WHAT YOU NEED TO DO. Within the listing below, tally the lines where the word "CARBURETTOR" appears, and answer with nothing but the tally.

** MATERIAL PROVIDED follows **

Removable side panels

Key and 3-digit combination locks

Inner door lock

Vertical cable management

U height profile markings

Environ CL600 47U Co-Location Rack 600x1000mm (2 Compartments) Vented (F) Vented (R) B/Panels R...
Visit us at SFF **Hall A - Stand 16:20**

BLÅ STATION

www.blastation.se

** End of MATERIAL PROVIDED **
** MATERIAL PROVIDED follows **

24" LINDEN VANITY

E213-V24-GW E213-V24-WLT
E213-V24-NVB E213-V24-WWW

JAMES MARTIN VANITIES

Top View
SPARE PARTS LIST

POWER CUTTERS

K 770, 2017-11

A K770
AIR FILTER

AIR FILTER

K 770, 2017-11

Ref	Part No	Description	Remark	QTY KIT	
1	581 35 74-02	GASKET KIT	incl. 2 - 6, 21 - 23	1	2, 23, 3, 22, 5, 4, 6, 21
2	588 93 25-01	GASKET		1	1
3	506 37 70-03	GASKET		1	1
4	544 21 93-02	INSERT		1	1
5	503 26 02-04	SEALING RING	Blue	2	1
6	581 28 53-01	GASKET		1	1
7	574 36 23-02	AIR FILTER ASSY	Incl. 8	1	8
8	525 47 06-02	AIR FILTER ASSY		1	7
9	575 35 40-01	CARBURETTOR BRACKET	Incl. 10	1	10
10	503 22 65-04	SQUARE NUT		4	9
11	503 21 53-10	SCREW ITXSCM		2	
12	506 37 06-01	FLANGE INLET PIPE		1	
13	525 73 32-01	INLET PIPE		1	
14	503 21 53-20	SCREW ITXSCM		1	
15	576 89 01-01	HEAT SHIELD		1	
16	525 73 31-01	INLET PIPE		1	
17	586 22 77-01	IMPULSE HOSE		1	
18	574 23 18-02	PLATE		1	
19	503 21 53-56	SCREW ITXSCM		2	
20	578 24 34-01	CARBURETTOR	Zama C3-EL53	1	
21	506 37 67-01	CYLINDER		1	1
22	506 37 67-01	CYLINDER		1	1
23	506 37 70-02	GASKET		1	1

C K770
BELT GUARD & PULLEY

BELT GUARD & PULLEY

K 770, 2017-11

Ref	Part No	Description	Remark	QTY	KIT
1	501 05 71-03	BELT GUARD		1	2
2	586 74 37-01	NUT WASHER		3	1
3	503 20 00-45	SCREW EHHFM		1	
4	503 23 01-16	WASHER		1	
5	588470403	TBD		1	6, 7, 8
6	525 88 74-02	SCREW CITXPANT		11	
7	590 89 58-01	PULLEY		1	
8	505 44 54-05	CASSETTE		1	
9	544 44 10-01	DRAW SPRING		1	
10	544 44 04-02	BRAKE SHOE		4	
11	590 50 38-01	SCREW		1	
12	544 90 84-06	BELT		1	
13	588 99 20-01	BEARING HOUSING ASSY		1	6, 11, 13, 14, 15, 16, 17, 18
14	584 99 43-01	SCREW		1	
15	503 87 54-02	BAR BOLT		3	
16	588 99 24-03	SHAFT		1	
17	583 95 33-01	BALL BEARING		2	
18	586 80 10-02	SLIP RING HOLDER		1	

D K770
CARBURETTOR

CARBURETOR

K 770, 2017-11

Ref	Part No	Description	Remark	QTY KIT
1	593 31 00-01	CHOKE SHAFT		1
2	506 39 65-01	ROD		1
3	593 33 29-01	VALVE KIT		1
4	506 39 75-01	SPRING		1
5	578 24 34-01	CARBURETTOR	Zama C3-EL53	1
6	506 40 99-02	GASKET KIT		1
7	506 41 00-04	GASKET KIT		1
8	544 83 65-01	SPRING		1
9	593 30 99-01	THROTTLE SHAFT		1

** End of MATERIAL PROVIDED **

ANSWER BOX. 4